Fully Automated Identification of Lexical Alignment and Preference-Stage Shifts in Large Language Models
Proceedings of the Fifteenth Language Resources and Evaluation Conference (LREC 2026)
Abstract
The language used by digital chat assistants such as ChatGPT can diverge from human expectations (misalignment). Research, mostly on Scientific English, has described both WHAT divergences occur and, to some extent, WHY, linking them to the training stage of human preference learning. Yet, existing approaches rely on manual curation. This paper introduces two curation-free, assumption-light evaluation metrics: the Lexical Alignment Score, which identifies lexical overuse, and the Triangulated Preference Shift, which quantifies how much of such shifts can be attributed to human preference learning.

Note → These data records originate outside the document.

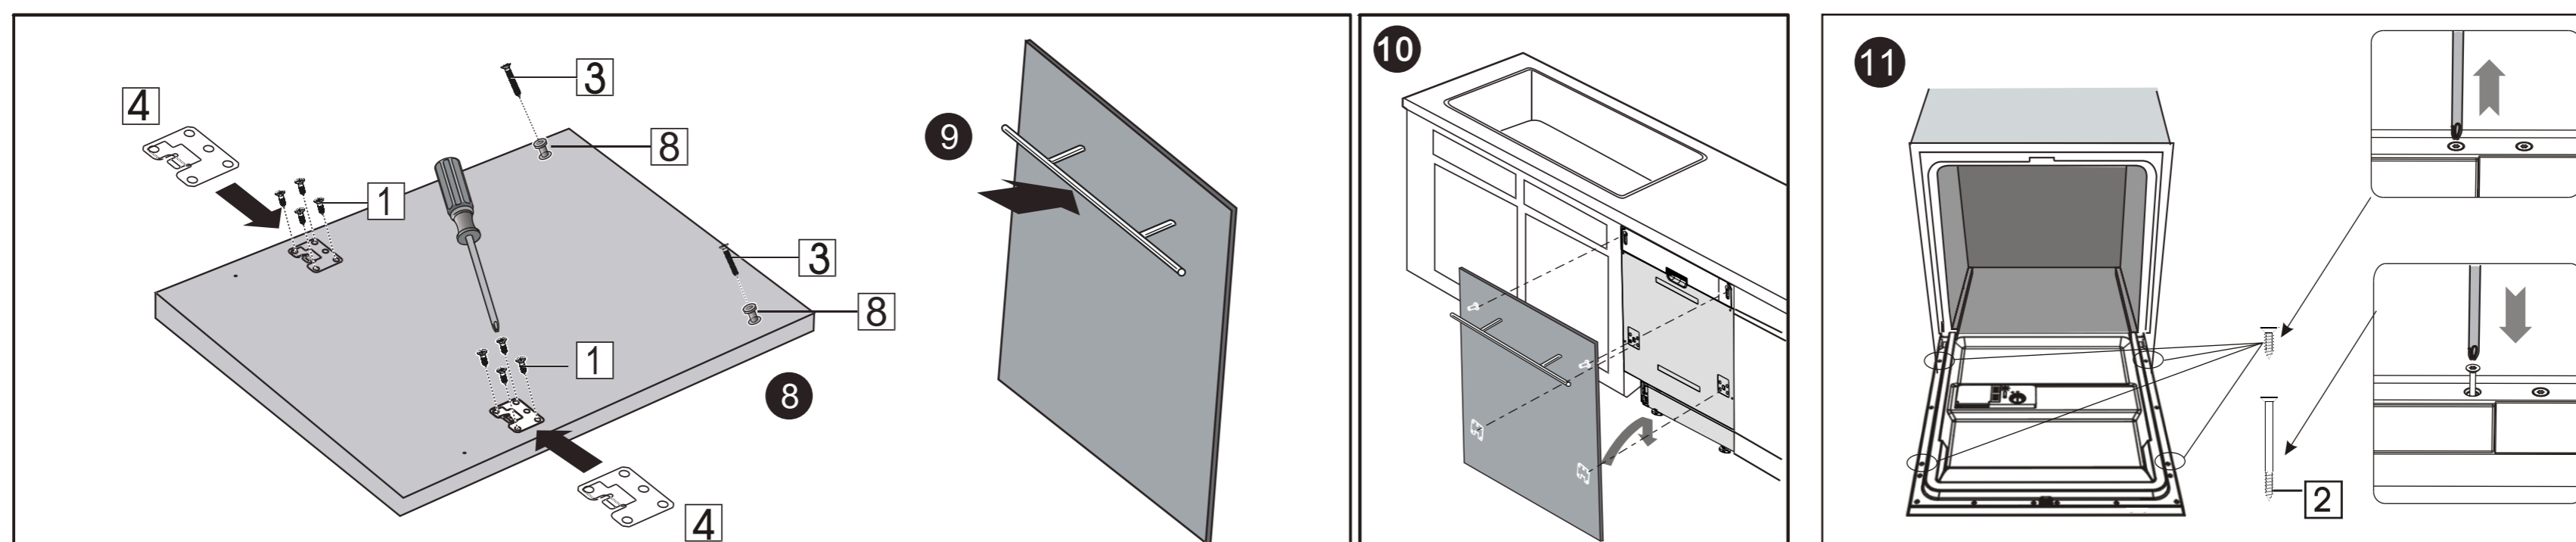

Uputstvo za montažu

GORENJE ugradna mašina za pranje sudova GV620E10

gorenje

Tehnoteka je online destinacija za upoređivanje cena i karakteristika bele tehnike, potrošačke elektronike i IT uređaja kod trgovinskih lanaca i internet prodavnica u Srbiji. Naša stranica vam omogućava da istražite najnovije informacije, detaljne karakteristike i konkurentne cene proizvoda.

Posetite nas i uživajte u ekskluzivnom iskustvu pametne kupovine klikom na link:

<https://tehnoteka.rs/p/gorenje-ugradna-masina-za-pranje-sudova-gv620e10-akcija-cena/>

1		ST4*14	X14	6		X1		
2		ST3.5X45	X4	7		X2		
3		ST3.5X25	X2	8		X2		
4			X2	9		X2		
5		ST3.5X16	X2	10		X2		

(Door)
720 ±1mm

(Door)

589 ±1mm

Ovaj dokument je originalno proizveden i objavljen od strane proizvođača, brenda Gorenje, i preuzet je sa njihove zvanične stranice. S obzirom na ovu činjenicu, Tehnoteka ističe da ne preuzima odgovornost za tačnost, celovitost ili pouzdanost informacija, podataka, mišljenja, saveta ili izjava sadržanih u ovom dokumentu.

Using PubMed abstracts, continuations were generated and measured using windowed document prevalence across six model families (Falcon, Gemma, Llama, Mistral, OLMo, Yi). The procedure identifies, without manual intervention, overused items such as ’suggest’, ’additionally’, and ’strategy’, and estimates their link to preference learning. Our findings replicate prior work and remain stable across parameter settings, random seeds, and evaluation on further data. The approach scales readily and enables systematic study of lexical (mis)alignment beyond Scientific English and across languages, and as such, the metrics have the potential to contribute to improved alignment for future models and understanding of its origins.